FIG. 2 is a plan view showing a schematic configuration of a hybrid electric vehicle according to an embodiment of the present invention.
FIG. 3 is a perspective view showing one embodiment of a shift device used in the present invention.
FIG. 4 is a schematic perspective view showing an ignition mechanism used in the present invention.
FIG. 5 is a block diagram showing a main system configuration of the present invention.
[Explanation of symbols]
1 engine 2 1st motor generator (electric motor)
4 Automatic transmission 8 Second motor generator (electric motor)
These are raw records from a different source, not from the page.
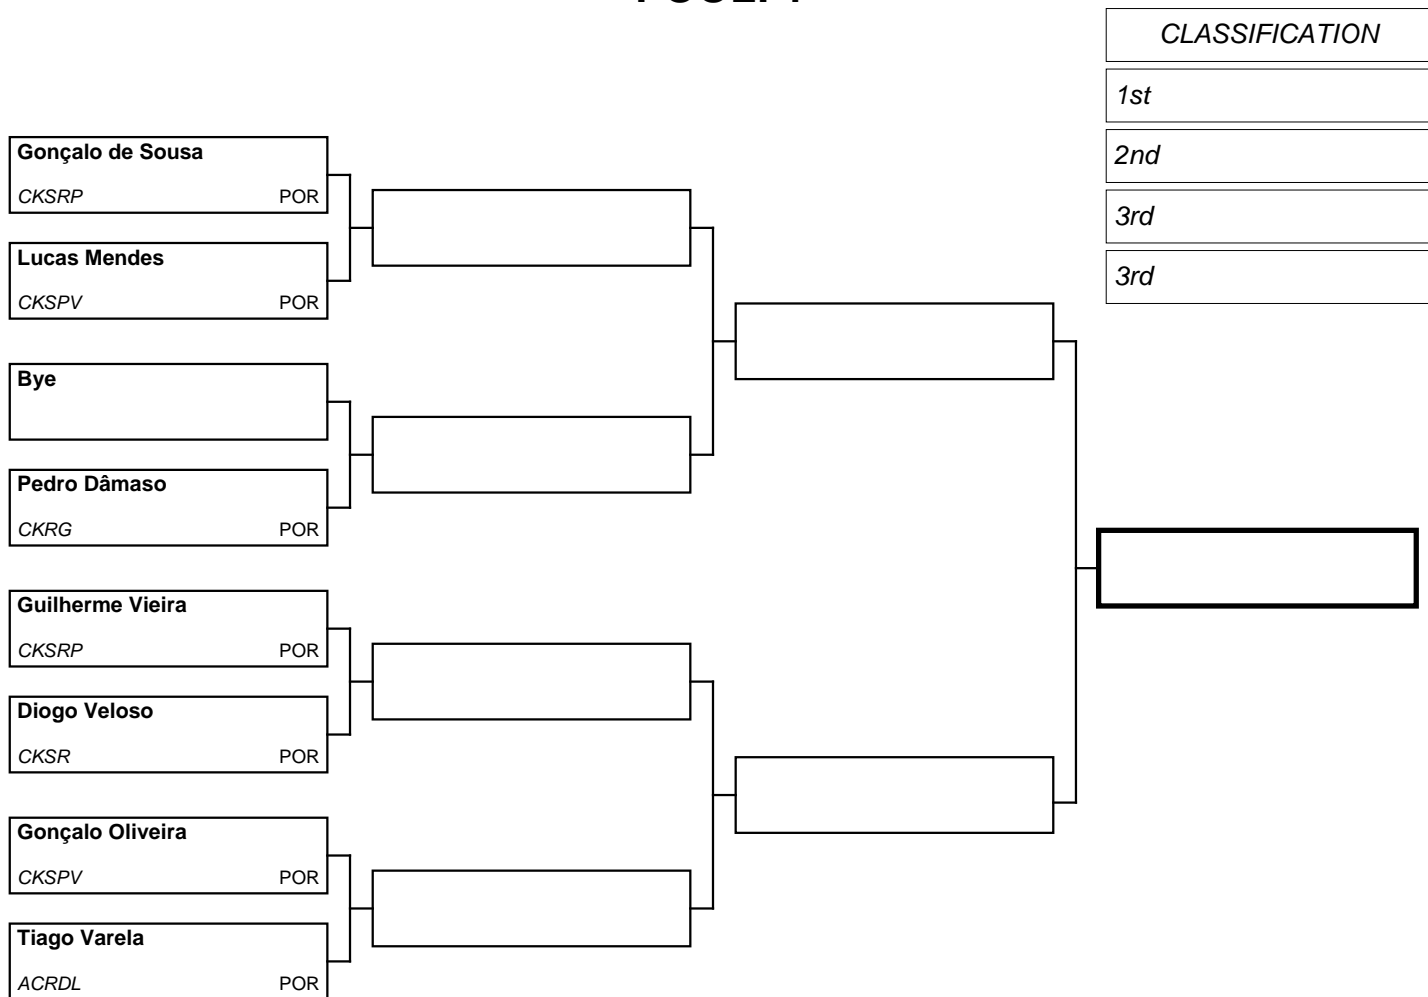

1st

2nd

3rd

3rd

Referees

--	--	--	--	--

POOL: 1

REPECHAGE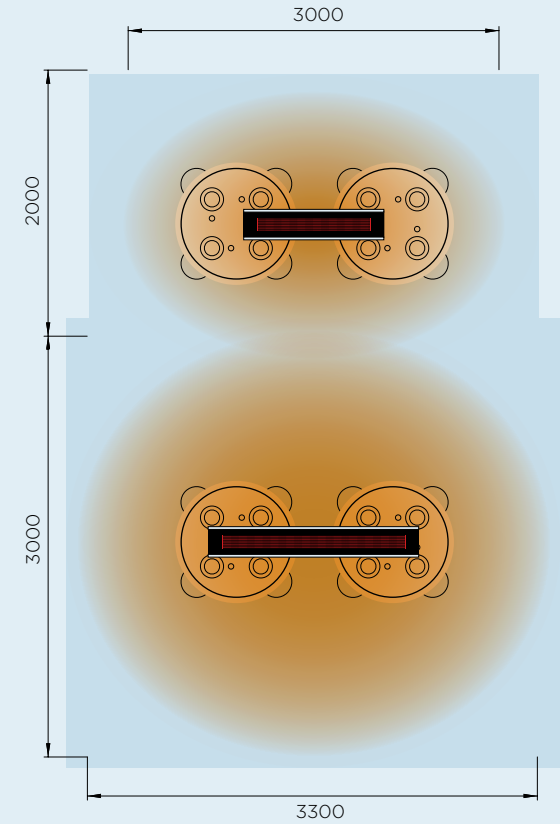

HEAT AREAS

2300W SERIES
HEATING APPROXIMATELY 6M²
2300W HEATING POWER

3400W SERIES
HEATING APPROXIMATELY 10M²
3400W HEATING POWER

CONTROL OPTIONS

ON | OFF CONTROL

DIMMER CONTROL

MASTER REMOTE

REDEFINE THE BOUNDARIES
OF YOUR SPACE, BY INCLUDING
THE OUTDOORS. CONTROL THE
CLIMATE IN YOUR NEXT PROJECT
WITH BROMIC SMART-HEAT™.

12 shift device 18 ignition mechanism 20 ignition key

Claims (1)

An electric motor for driving a vehicle, an automatic transmission connected to an output side of the electric motor, a shift device for switching the automatic transmission between a non-traveling range and a traveling range, an insertion position where an ignition key is inserted, and the electric motor traveling motor only operation of the ignition key with the start position and the insertion position and the activated position is controlled to the standby state with an ignition mechanism between position is set in which the motor is not in the standby state the In the vehicle start control device provided with
The ignition key is operated in said between position from the previous SL insertion position, and motor control means for controlling said electric motor to a standby state when an operation for switching the shift device on the traveling range has been performed is provided A start-up control device for a vehicle comprising a traveling motor.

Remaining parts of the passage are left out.